**The task**: Your task is to gather the lines below that hold the string "Diameter".

==== Exercise data ====

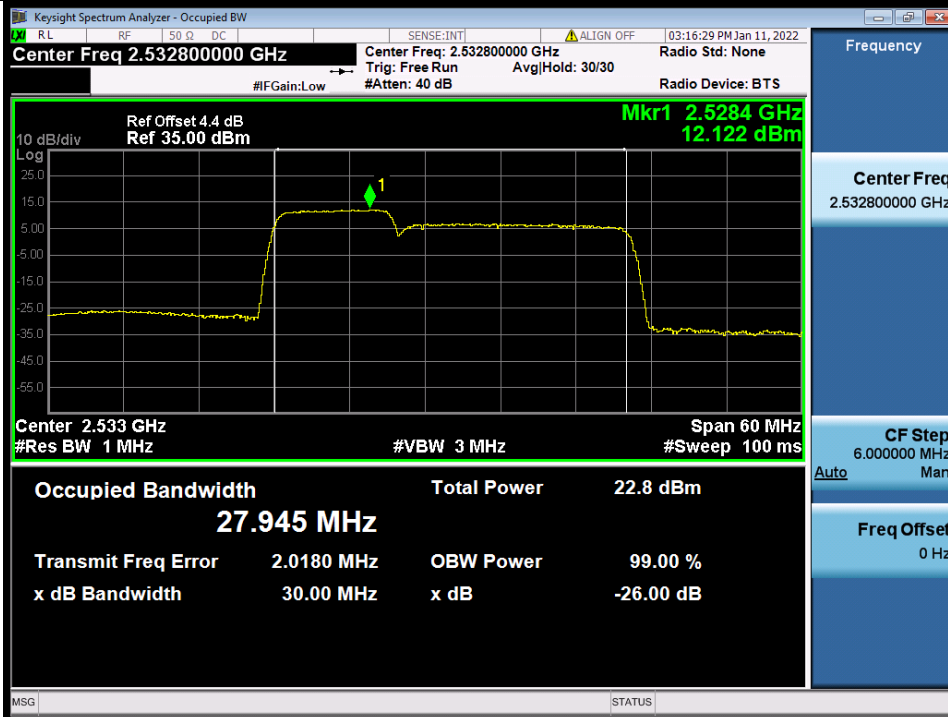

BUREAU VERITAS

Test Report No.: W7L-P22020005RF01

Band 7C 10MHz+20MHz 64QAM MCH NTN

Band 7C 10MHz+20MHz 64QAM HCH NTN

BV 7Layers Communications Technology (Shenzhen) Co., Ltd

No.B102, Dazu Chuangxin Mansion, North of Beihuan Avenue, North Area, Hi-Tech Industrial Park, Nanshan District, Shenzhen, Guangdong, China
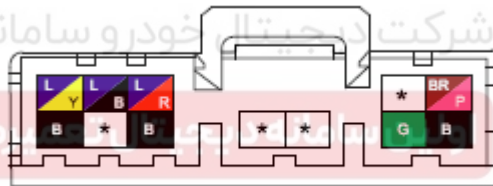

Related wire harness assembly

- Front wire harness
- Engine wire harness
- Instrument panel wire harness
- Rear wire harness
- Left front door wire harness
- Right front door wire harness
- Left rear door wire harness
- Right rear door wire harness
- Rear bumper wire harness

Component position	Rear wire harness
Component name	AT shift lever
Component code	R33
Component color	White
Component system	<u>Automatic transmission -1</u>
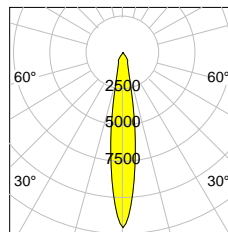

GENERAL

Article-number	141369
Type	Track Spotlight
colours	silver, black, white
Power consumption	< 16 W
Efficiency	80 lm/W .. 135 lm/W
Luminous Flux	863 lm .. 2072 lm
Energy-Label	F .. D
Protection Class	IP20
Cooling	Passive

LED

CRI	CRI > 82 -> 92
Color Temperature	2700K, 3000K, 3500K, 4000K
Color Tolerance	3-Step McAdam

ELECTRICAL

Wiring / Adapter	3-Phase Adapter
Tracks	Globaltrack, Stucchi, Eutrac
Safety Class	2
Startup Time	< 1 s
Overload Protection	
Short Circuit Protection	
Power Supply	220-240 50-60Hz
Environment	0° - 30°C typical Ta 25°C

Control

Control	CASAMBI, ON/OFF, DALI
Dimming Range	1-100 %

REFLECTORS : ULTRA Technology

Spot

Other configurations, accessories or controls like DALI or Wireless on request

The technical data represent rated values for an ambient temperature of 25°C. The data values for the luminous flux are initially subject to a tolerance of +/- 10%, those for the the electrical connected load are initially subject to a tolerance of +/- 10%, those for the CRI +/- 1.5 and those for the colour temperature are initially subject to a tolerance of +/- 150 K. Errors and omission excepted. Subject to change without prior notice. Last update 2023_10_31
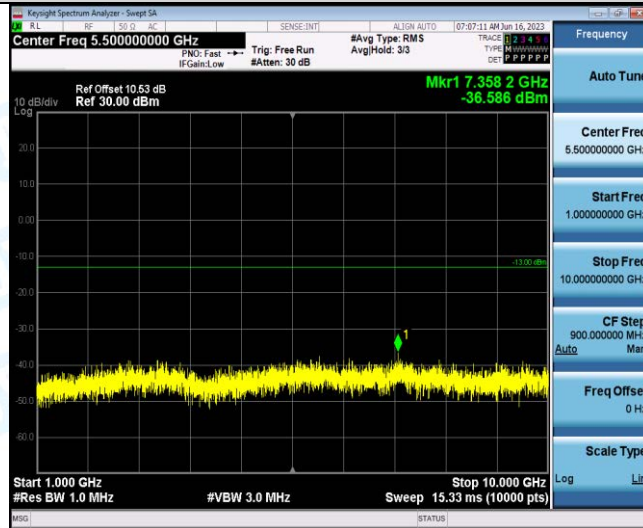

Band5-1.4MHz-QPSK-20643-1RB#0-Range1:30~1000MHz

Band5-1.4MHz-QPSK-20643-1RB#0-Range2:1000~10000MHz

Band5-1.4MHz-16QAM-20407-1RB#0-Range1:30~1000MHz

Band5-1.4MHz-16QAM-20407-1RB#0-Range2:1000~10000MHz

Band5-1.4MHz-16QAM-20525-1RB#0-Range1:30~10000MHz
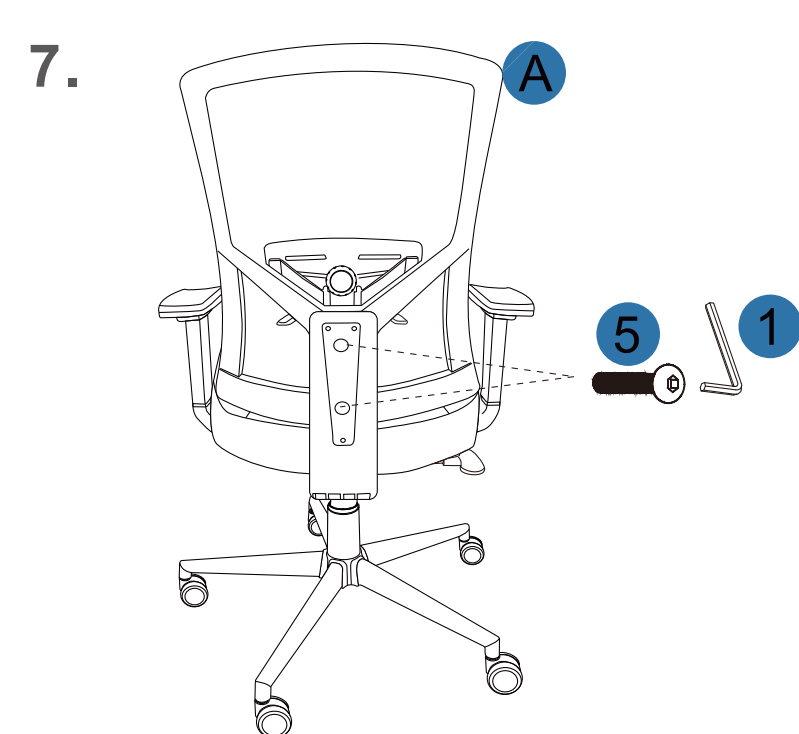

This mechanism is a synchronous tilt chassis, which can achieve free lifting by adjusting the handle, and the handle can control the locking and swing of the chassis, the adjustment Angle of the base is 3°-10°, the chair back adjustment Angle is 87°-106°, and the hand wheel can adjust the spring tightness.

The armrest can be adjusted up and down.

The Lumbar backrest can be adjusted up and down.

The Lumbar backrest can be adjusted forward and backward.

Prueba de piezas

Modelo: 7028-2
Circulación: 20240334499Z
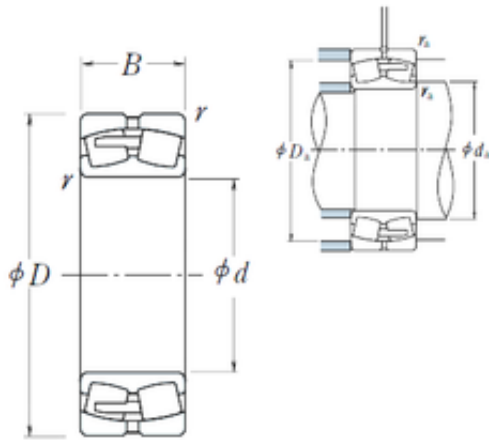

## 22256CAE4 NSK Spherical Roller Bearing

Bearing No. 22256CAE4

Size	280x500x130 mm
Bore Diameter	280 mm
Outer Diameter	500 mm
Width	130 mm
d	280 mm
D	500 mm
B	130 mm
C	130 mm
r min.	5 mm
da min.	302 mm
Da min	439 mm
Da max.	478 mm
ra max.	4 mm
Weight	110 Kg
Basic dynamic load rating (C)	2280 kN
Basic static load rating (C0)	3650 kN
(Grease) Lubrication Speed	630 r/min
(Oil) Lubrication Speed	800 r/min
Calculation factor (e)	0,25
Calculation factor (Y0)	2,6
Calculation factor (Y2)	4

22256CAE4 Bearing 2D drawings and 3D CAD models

====

**Answer box**:
Bore Diameter	280 mm
Outer Diameter	500 mm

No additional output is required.